David Roberts and his wife Kayla live adjacent to their dairy near Preston, Idaho. It's a beautiful rural setting that is beginning to feel development pressure from large urban areas in Utah.
David and Kayla, third-generation dairy farmers, are in partnership with David's parents, Ellis and Mary Jo. In the past, the Roberts dairy, like other dairies, was struggling to hang on. Conventional milk prices were volatile and often at unsustainable levels. Roberts recalls they had to do something.
Becoming organically certified and selling milk into the organic market seemed like the right thing to do. Over the ensuing five years, David and Kayla contacted every major organic milk distributor in the United States, while hosting meetings with other local dairy families to get them to commit to raise milk organically.
"It was a classic catch 22 - which comes first the chicken or the egg?" Roberts said. "We had a tough time getting other local dairy families to commit without a commitment from an organic distributor, and vice versa."

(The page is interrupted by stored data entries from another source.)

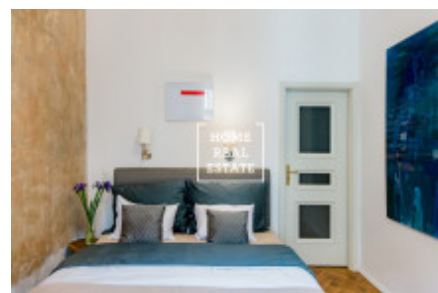

## Аренда квартиры 3+kk, 75 m<sup>2</sup> - Žitná, Praha 1

ID	<a href="#">35245</a>	Предложение	Аренда
Группа	3+kk	Меблированная	Меблированная
Форма собственности	Частная	Общая площадь	75 m <sup>2</sup>
Город	<a href="#">Прага</a>	Район	<a href="#">Praha 1</a>
Городская часть	<a href="#">Nové Město</a>	Статус	Реализовано
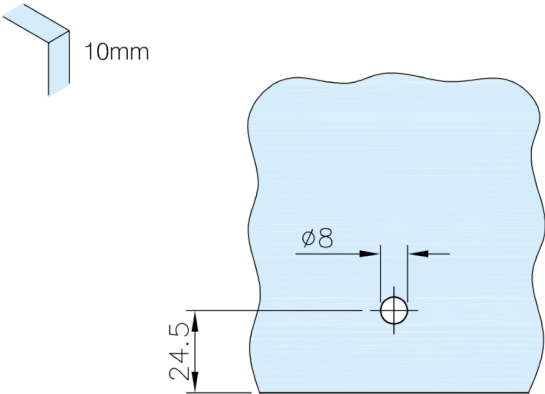

Technische Daten:  
Winkelverbinder 180° - ERATO

Datasheet:  
Corner clamp 180° - ERATO

Art. 7740550602512

Ausführung:  
Options:

Material: V2A  
Material: Stainless steel AISI 304

Gewicht: / Weight: 0,42 kg

Oberflächen: Edelstahl-Design  
Finish: Stainless steel design

Glasausschnitt:  
Glass cut out:

Montage:  
Assembly:
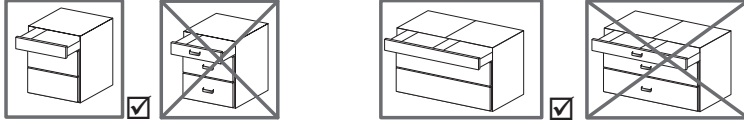

Quadro V6 YOU / Quadro V6 5D

Push to open Silent

Technik für Möbel

PTO 10/20

PTO 30

i 1

kg

3 - 10

After hundreds of telephone calls and countless meetings over the course of five years, their dream became a reality. In February, 2006, the Roberts, along with five other family dairies in the area, made their first shipment of organic milk under the Organic Valley Family of Farms label. Their milk now goes to a creamery in the region to make organic cheese.
Roberts explains that there is so much interest in what they did that, potentially the number of family dairies shipping organic milk to Organic Valley Family of Farms, will increase to roughly 20 dairies.
The moment of victory was not without tense situations. Roberts recalls that in the final hours of negotiation, George Siemon, CEO of Organic Valley Family of Farms, came to personally visit them, a rather unusual event recalls Roberts. Roberts concerns were that Organic Valley Family of Farms could take the easy route and contract with one large dairy for the same volume of milk they would get from the many small dairies in his area. Roberts recalls that while sitting at their kitchen table, Siemon stated Organic Valley Family of Farms would rather have 10 family farms shipping milk to them than one large dairy.
Siemon followed through on his word, and the Roberts became part of the Organic Valley Family of Farms.